Extract the filename from a path
I want to extract filename from below path:
D:\Server\User\CUST\MEA\Data\In\Files\CORRECTED\CUST_MEAFile.csv
Now I wrote this code to get filename. This working fine as long as the folder level didn't change. But in case the folder level has been changed, this code need to rewrite.

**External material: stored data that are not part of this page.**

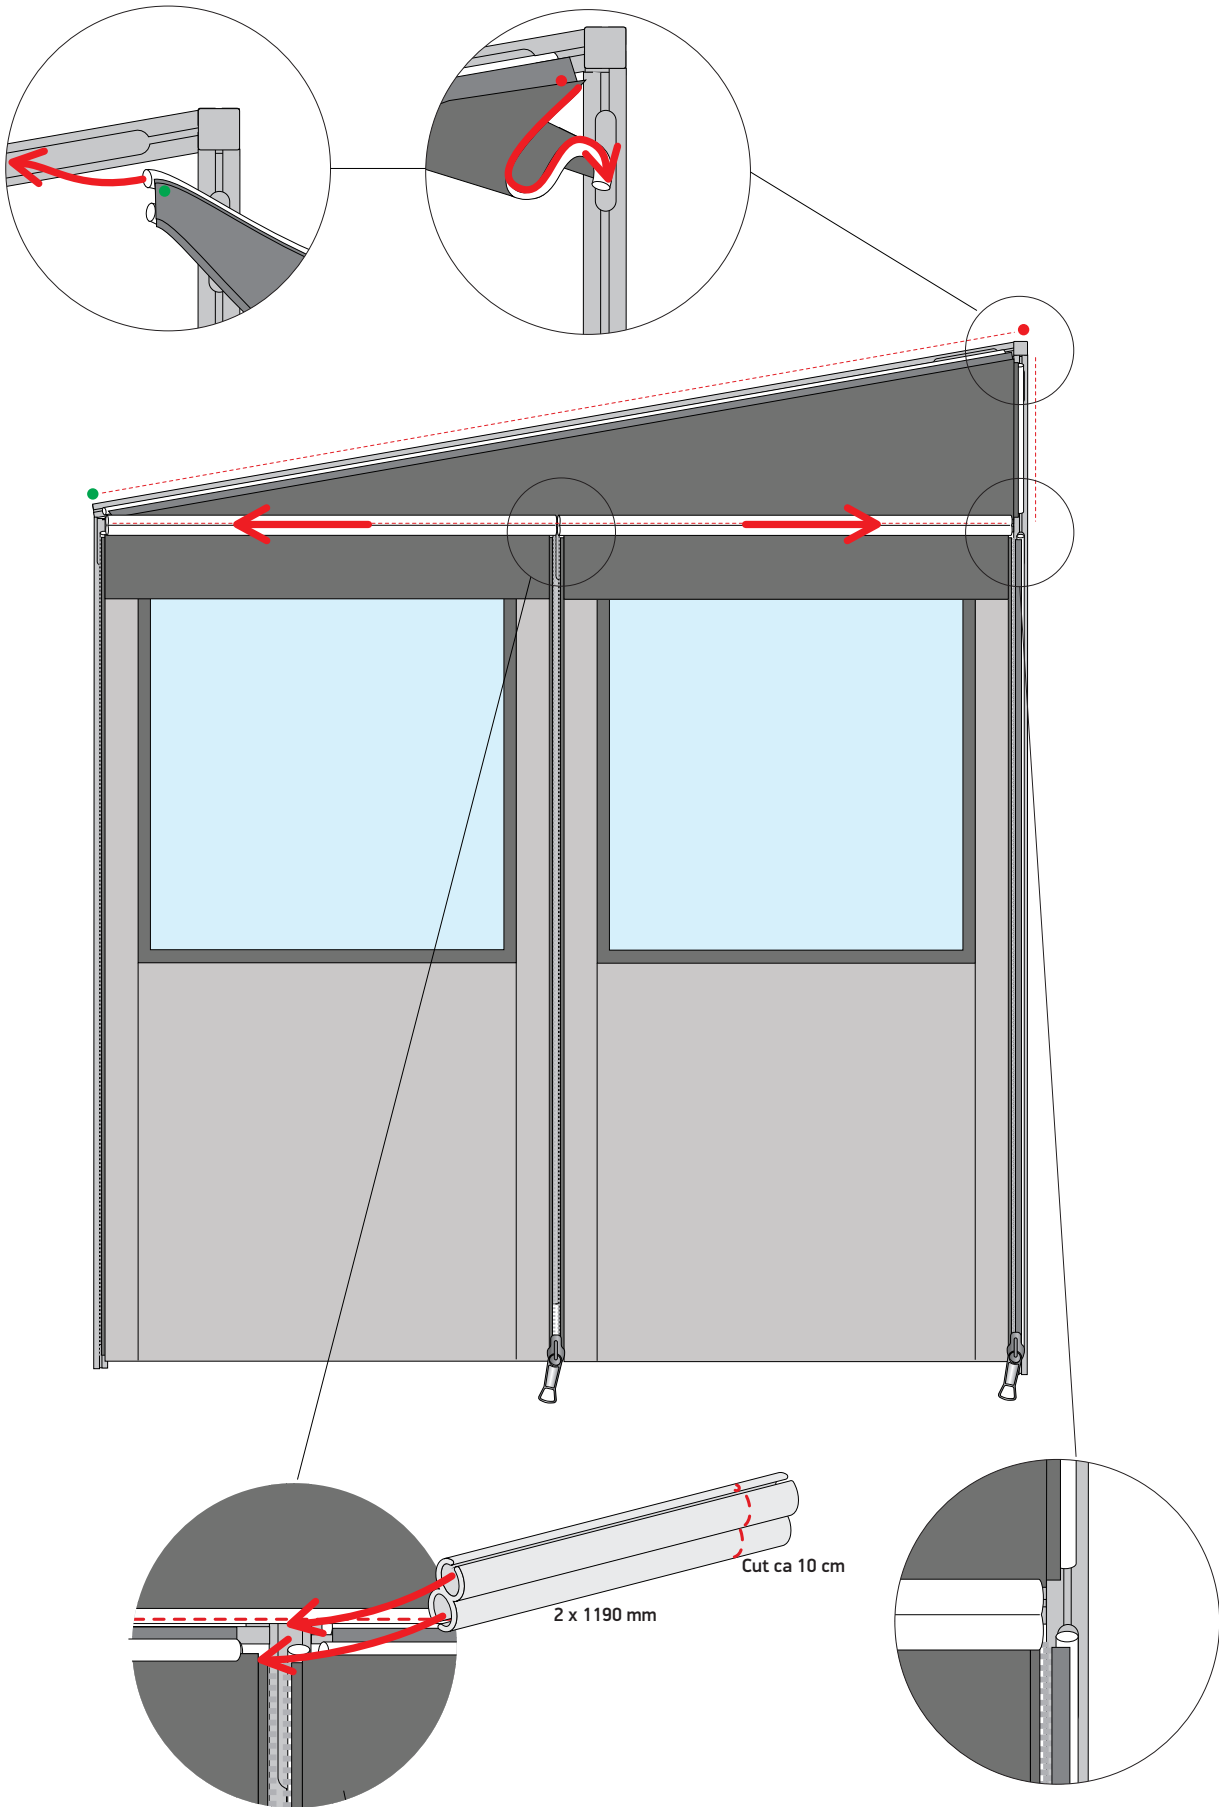

# Panels for CASA

Assembly guide - for Partituon wall .....	20
Assembly guide - for Veranda kit.....	16
Eexamples - placement of panels and Zipper connect .....	4
Mounting of panels.....	9
Mounting of zipper connector .....	8
Panel closed.....	6
Panel Door .....	6
Panel open.....	6
Panel side .....	7
Panel side with net.....	7
Panel veranda top.....	7
Panel windows.....	5
Panel windows open .....	6
Panel windows with net .....	5
Zip connector .....	5

Examples - placement of panels and Zipper connect

Panel windows

Zip connector

Panel Door

Panel open

Panel windows open

Panel closed

Panel side with net

## Mounting of zipper connector

Assembly guide - for Veranda kit

7	116 cm		
19	116 cm		
20	116 cm		

B	1	
B2	1	
B9	2	
C	2	
CS	1	
C2	1	
	1	
Screw 4,5x80	2	
Screw 4,5x120	4	
EndCap	1	
P rofil 1190mm	1	

Assembly guide - for Partitun wall

A	1	
B	1	
B2	1	
B9	4	
C	9	
CS	1	
C2		
D	4	
Screw 4,5x80	2	
Screw 4,5x120	4	
EndCap	8	
EndCap	1	
Profil	1	

2	236 cm		
6	116 cm		
7	116 cm		
15	51 cm		
19	116 cm		
20	116 cm

I looking a way to make it more flexible such as the code can always extract filename regardless of the folder level.
($outputFile).split('\')[9].substring(0)
Solution 1:
If you are ok with including the extension this should do what you want.
$outputPath = "D:\Server\User\CUST\MEA\Data\In\Files\CORRECTED\CUST_MEAFile.csv"
$outputFile = Split-Path $outputPath -leaf
Solution 2:
Use .net:
[System.IO.Path]::GetFileName("c:\foo.txt")
returns foo.txt
.
[System.IO.Path]::GetFileNameWithoutExtension("c:\foo.txt")
returns foo
Solution 3:
Using the BaseName in Get-ChildItem displays the name of the file and and using Name displays the file name with the extension.
$filepath = Get-ChildItem "E:\Test\Basic-English-Grammar-1.pdf"
$filepath.BaseName
Basic-English-Grammar-1
$filepath.Name
Basic-English-Grammar-1.pdf
Solution 4:
You could get the result you want like this.
$file = "D:\Server\User\CUST\MEA\Data\In\Files\CORRECTED\CUST_MEAFile.csv"
$a = $file.Split("\")
$index = $a.count - 1
$a.GetValue($index)
If you use "Get-ChildItem" to get the "fullname", you could also use "name" to just get the name of the file.
Solution 5:
$(Split-Path "D:\Server\User\CUST\MEA\Data\In\Files\CORRECTED\CUST_MEAFile.csv" -leaf)